Mechanic's Lien for Building on Leased Land.
-Where a contract to lease provides that the lessee shall erect a building on the premises, the lessor agreeing to pay the costs of such building by permitting him to retain the rents, lessee erects the building as the agent of the lessor, so as to render mechanic's lien a charge on the interest of the lessor in the land. Kremer vs. Walton, Sup. Ct. Washington, 39 Pac. Rep., 374.
Rights of Sub-Contractors to Lien.
-Sub-contractors being unable to complete their contract wrote the contractors a letter authorizing them to take charge of the work and "complete the same for our account" and that "we do not waive by this our rights under the original contract, for any extra work accruing from same." The Supreme Court, second department, of New York, held that the contractors by proceeding with the work only assumed to finish it for the contractors, and on completion the cost was to be deducted from the contract price, before anything would become due to the sub-contractors to which a lien would attach. Brainard vs. Kings County, 32 N. Y. S. Rep. 311.

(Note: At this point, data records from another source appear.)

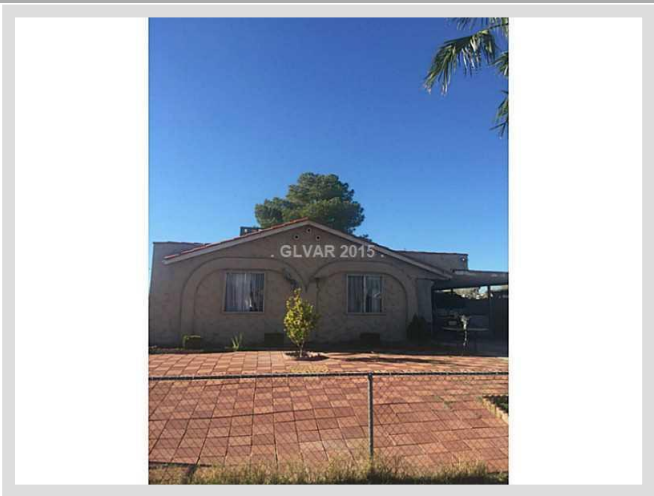

5069 ADA DRIVE **MLS# 1588916**

SOLD
\$70,000
Sold on 04-11-2016
Bedrooms 2
Bathrooms 1
Full Baths 1
3/4 Baths 0
1/2 Baths 0
Stories 1
Living Area 864 sq. ft.
Lot Size 6,534 sq. ft.
Garages 0
Year Built 1971
List Date 11-16-2015

DESCRIPTION

This 864 square foot single family home features 2 bedrooms, 1 bathrooms and is situated on a 6,534 square foot (0.15 acre) lot. It is located in Las Vegas on 5069 Ada Drive. The MLS number is 1588916 and the parcel number is 161-28-513-032. This listing became available on 11-16-2015 and was sold on 04-11-2016 for \$70,000. The full public address for this listing is 5069 Ada Drive, Las Vegas, Nevada 89122.

Order by Contractor and Mechanic's Liens.
-After a contractor had given to a sub-contractor an order on the owner he abandoned by contract, and the owner completed the building under a clause in the contract authorizing him to do so in default of the contract, and to deduct the cost of completion from any moneys due the contractor. The order has been presented prior to the filing of any liens; and the Supreme Court, first department of New York held that such order was an assignment for so much of the balance due the contractor, after deducting for cost of completion, and was entitled to a preference over liens filed after its presentation to the owner. Murray vs. Micolino, 31 N. Y. X. Rep. 1109.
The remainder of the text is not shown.